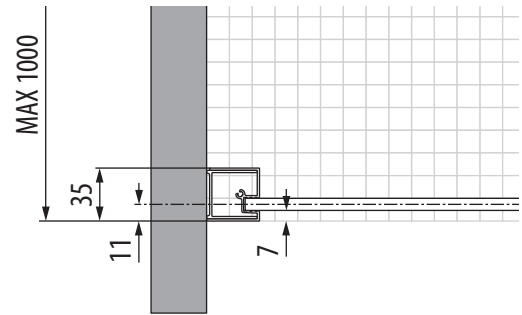

H STYLE

PARETE FISSA IN LINEA CON 1 ANTA SCORREVOLE

Misure		Codice	Destra	Sinistra	Scelta vetro	Scelta profilo			
Misura effettiva d'ingombro						D-	S-	1	U
A	F				Trasparente	Bianco opaco	Silver	Cromo	Nero opaco
97↔99	51	HSTYLE100	D-	S-					
117↔119	61	HSTYLE120	D-	S-					
137↔139	71	HSTYLE140	D-	S-					
157↔159	81	HSTYLE160	D-	S-					
177↔179	91	HSTYLE180	D-	S-					

 **NOVELLINI**

<hr/> <hr/> <hr/> <hr/>	<hr/> <hr/> <hr/> <hr/>
-------------------------	-------------------------

H-STYLE	P
100	970-990
120	1170-1190
140	1370-1390
160	1570-1590
180	1770-1790

H-STYLE	V
100	970-990
120	1170-1190
140	1370-1390
160	1570-1590
180	1770-1790
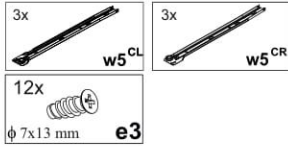

2034x1550x495 mm

To avoid falling

we recommend fixing the product to the wall using **corners** or **double-sided tape**

Щоб уникнути падіння виробу рекомендуємо закріпити його до стіни кутиками чи двосторонньою стрічкою.

1

2

3

7

ENG
The dowels are not included.
Purchase separately.

UA
Дюбелі в комплект не входять.
Необхідно придбати окремо.

8

9

________________________

- _Problem_:
Every entry above needs to be duplicated precisely, and none of the pictures should appear.

- _Finished task_:
H STYLE

PARETE FISSA IN LINEA CON 1 ANTA SCORREVOLE

Misure		Codice	Destra	Sinistra	Scelta vetro	Scelta profilo			
Misura effettiva d'ingombro						D-	S-	1	U
A	F				Trasparente	Bianco opaco	Silver	Cromo	Nero opaco
97↔99	51	HSTYLE100	D-	S-					
117↔119	61	HSTYLE120	D-	S-					
137↔139	71	HSTYLE140	D-	S-					
157↔159	81	HSTYLE160	D-	S-					
177↔179	91	HSTYLE180	D-	S-					

 **NOVELLINI**

<hr/> <hr/> <hr/> <hr/>	<hr/> <hr/> <hr/> <hr/>
-------------------------	-------------------------

H-STYLE	P
100	970-990
120	1170-1190
140	1370-1390
160	1570-1590
180	1770-1790

H-STYLE	V
100	970-990
120	1170-1190
140	1370-1390
160	1570-1590
180	1770-1790

2034x1550x495 mm

To avoid falling

we recommend fixing the product to the wall using **corners** or **double-sided tape**

Щоб уникнути падіння виробу рекомендуємо закріпити його до стіни кутиками чи двосторонньою стрічкою.

1

2

3

7

ENG
The dowels are not included.
Purchase separately.

UA
Дюбелі в комплект не входять.
Необхідно придбати окремо.

8

9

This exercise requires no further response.